## Task to complete
For this listing, report how many lines contain the string "ROOMSTOGO", using only a number.
------------------------------------------------
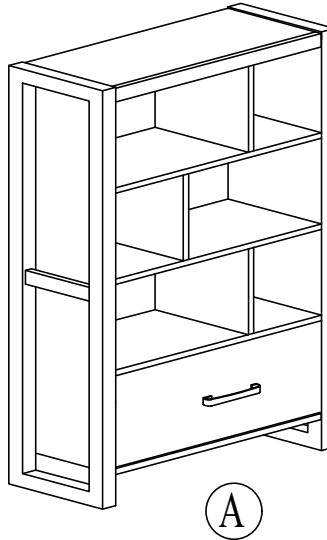

# COLEFAX AVENUE BOOKCASE

SKU #	ITEM #	ITEM DESCRIPTION
34527044	27014-100	BOOKCASE

BOOKCASE PARTS LIST :			
No.	PART LISTS		QTY
A	Bookcase		1 Pc
B	Tipping Restraint (Inside Drawer)		1 Pc

**This product is manufactured by STOF for ROOMSTOGO | KIDS**  
 DO NOT USE SUBSTITUTE PARTS. PLEASE CONTACT YOUR DETAIL STORE OR [WWW.ROOMSTOGO.COM](http://WWW.ROOMSTOGO.COM)  
 WITH SERVICE OR PARTS REPLACEMENT REQUEST

# COLEFAX AVENUE BOOKCASE

<b>BOOKCASE HARDWARE LIST :</b>				<b>QTY</b>
1	JCBC (M6) with Spring Washer and Washer	M6 x P1.0 x 35mm		2 Pcs
2	Allen Key(M4)	4 x 65mm		1 Pc
3	Metal Plate	68 x 19 x 2mm		1 Pc
4	Phillips Screwdriver (Not Provided)	 		
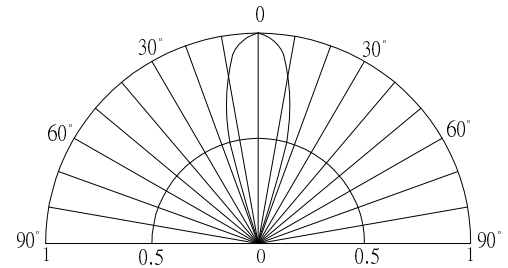

■ Outline Dimension

■ Absolute Maximum Rating

(Ta=25°C)

Item	Symbol	Value	Unit
DC Forward Current	I _F	30	mA
Pulse Forward Current*	I _{FP}	100	mA
Reverse Voltage	V _R	5	V
Power Dissipation	P _D	108	mW
Operating Temperature	T _{opr}	-30 ~ +85	°C
Storage Temperature	T _{stg}	-40 ~ +100	°C
Lead Soldering Temperature	T _{sol}	260°C/5sec	-

■ Directivity

*Pulse width Max 10ms , Duty ratio max 1/10

■ Electrical -Optical Characteristics

(Ta=25°C)

Item	Symbol	Condition	Min.	Typ.	Max.	Unit
DC Forward Voltage	V _F	I _F =20mA	2.9	3.1	3.6	V
DC Reverse Current	I _R	V _R =5V	-	-	10	μA
Luminous Intensity*	I _v	I _F =20mA	4200	5800	-	mcd
Chromaticity Coordinates*	x	I _F =20mA	-	0.27	-	
	y	I _F =20mA	-	0.28	-	
50% Power Angle	2θ _{1/2}	I _F =20mA	-	30	-	deg
------------------------------------------------
## Solved problem
2